Records to use |
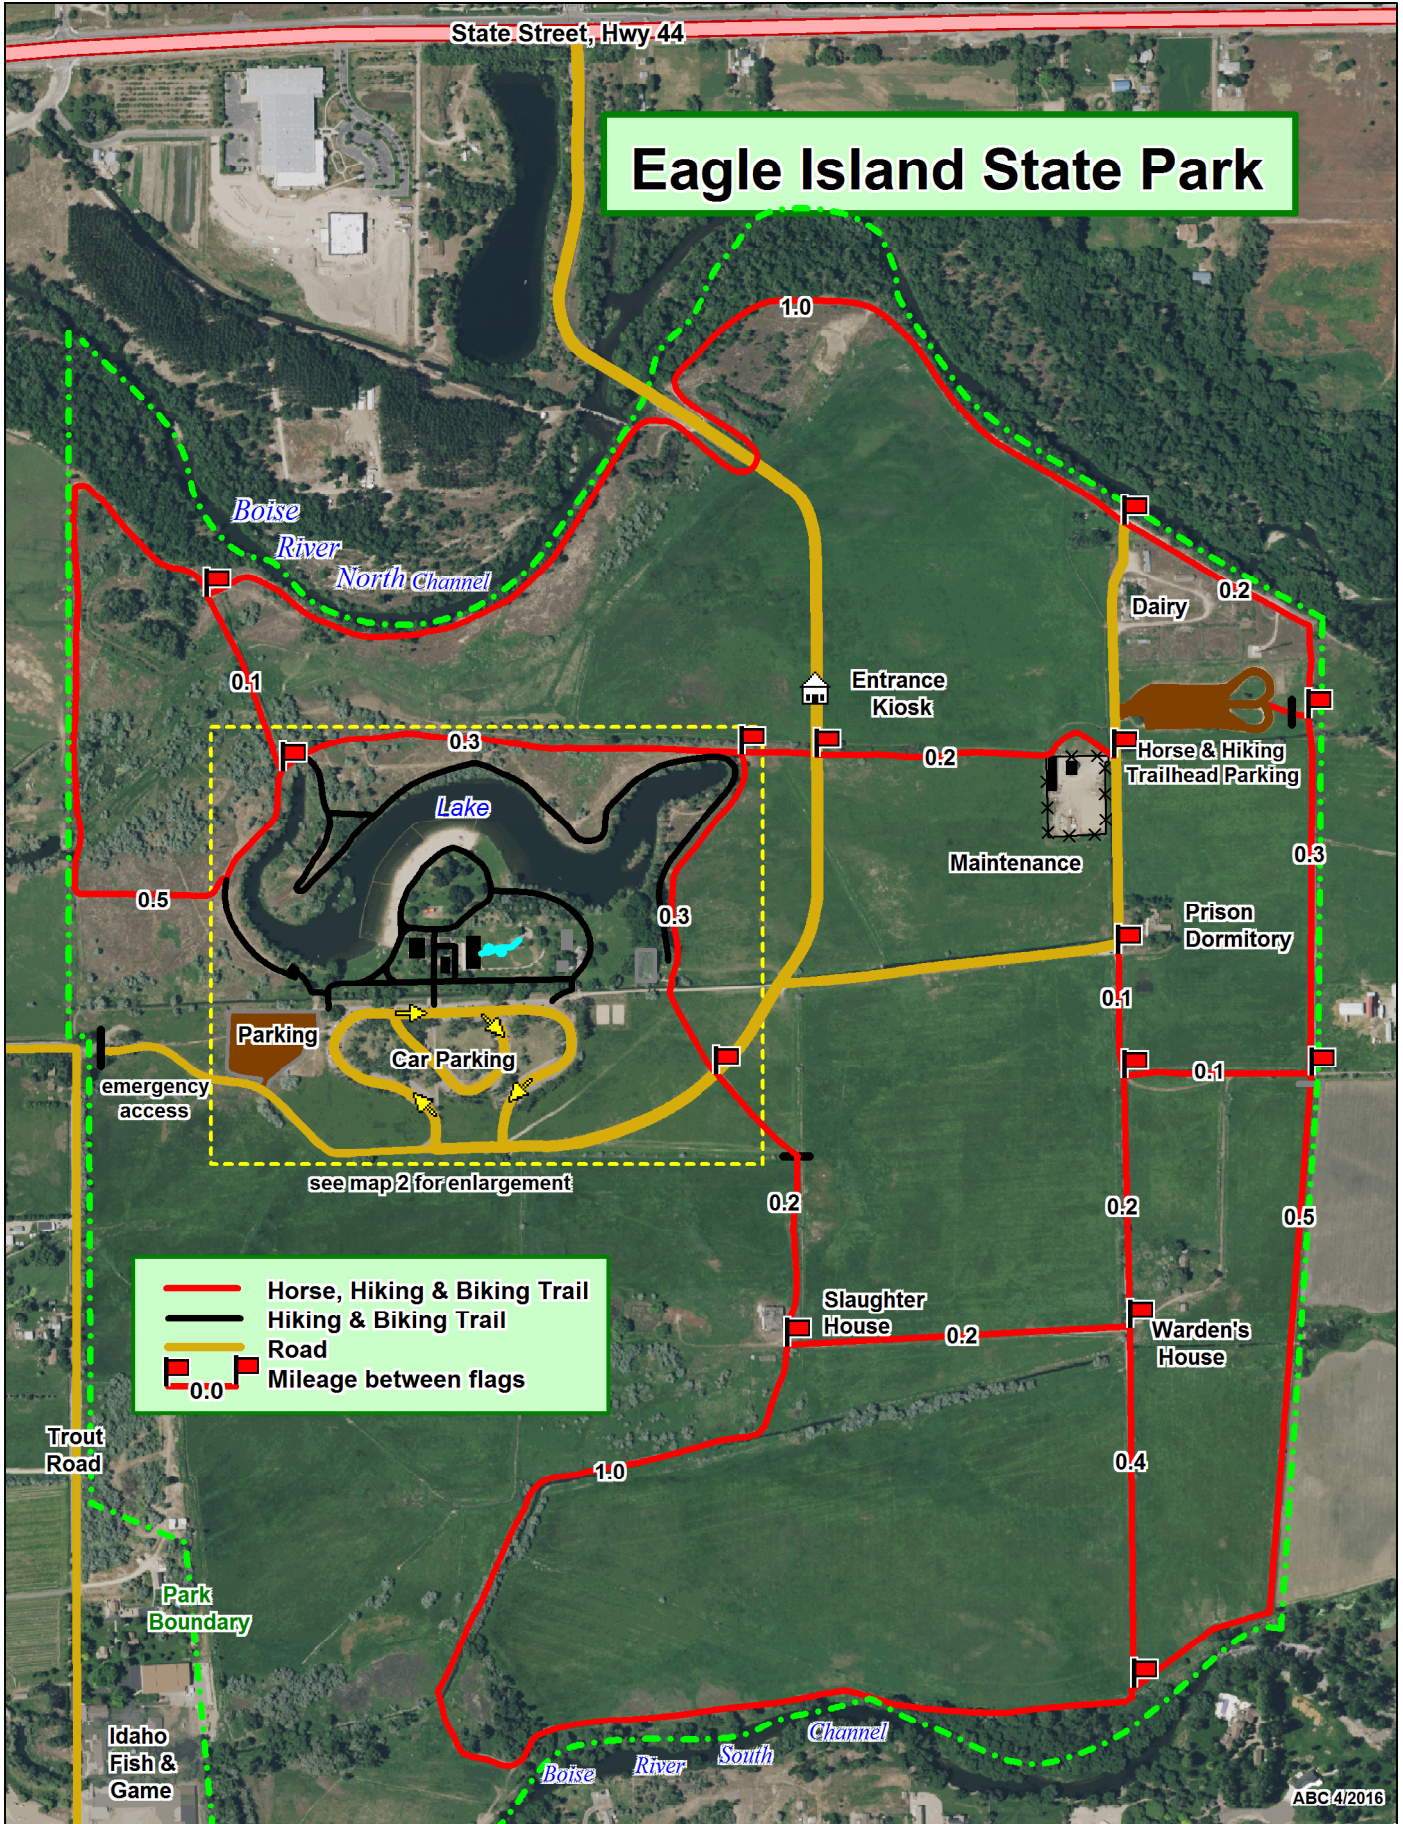

Eagle Island State Park

Data use subject to license.

© DeLorme. XMap® 6.

www.delorme.com

ABC/4/2016

- Horse, Hiking & Biking Trail
- Hiking & Biking Trail
- Road

ABC 7/2016

Eagle Island State Park Recreation Area

Data use subject to license.
 © DeLorme. XMap® 6.
 www.delorme.com

Scale 1 : 2,800

1" = 233.3 ft Data Zoom 16-0
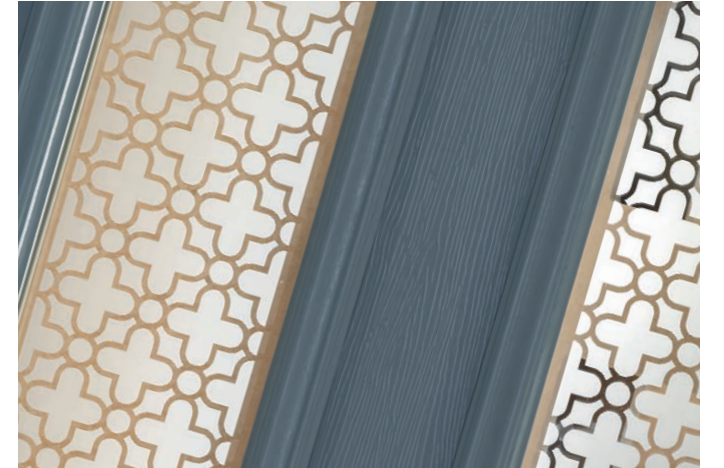

Thresholds

To allow for every circumstance we offer the largest range of door thresholds. The AM3 and AM5EX aluminium threshold are both Part 'M' compliant within the latest Building Regulations for easy access.

Solidor[®]
EXCLUSIVE

Artistic Glass

Inspired by classical artistic styles, such as art deco, minimalism, and the impressionist movement, The Modernist Range of glass is unique to Solidor.

Fairmont

Paramount

Requirement | Without the pictures, transcribe the listing above exactly.

Finished exercise |
Eagle Island State Park

Data use subject to license.

© DeLorme. XMap® 6.

www.delorme.com

ABC/4/2016

- Horse, Hiking & Biking Trail
- Hiking & Biking Trail
- Road

ABC 7/2016

Eagle Island State Park Recreation Area

Data use subject to license.
 © DeLorme. XMap® 6.
 www.delorme.com

Scale 1 : 2,800

1" = 233.3 ft Data Zoom 16-0

Thresholds

To allow for every circumstance we offer the largest range of door thresholds. The AM3 and AM5EX aluminium threshold are both Part 'M' compliant within the latest Building Regulations for easy access.

Solidor[®]
EXCLUSIVE

Artistic Glass

Inspired by classical artistic styles, such as art deco, minimalism, and the impressionist movement, The Modernist Range of glass is unique to Solidor.

Fairmont

Paramount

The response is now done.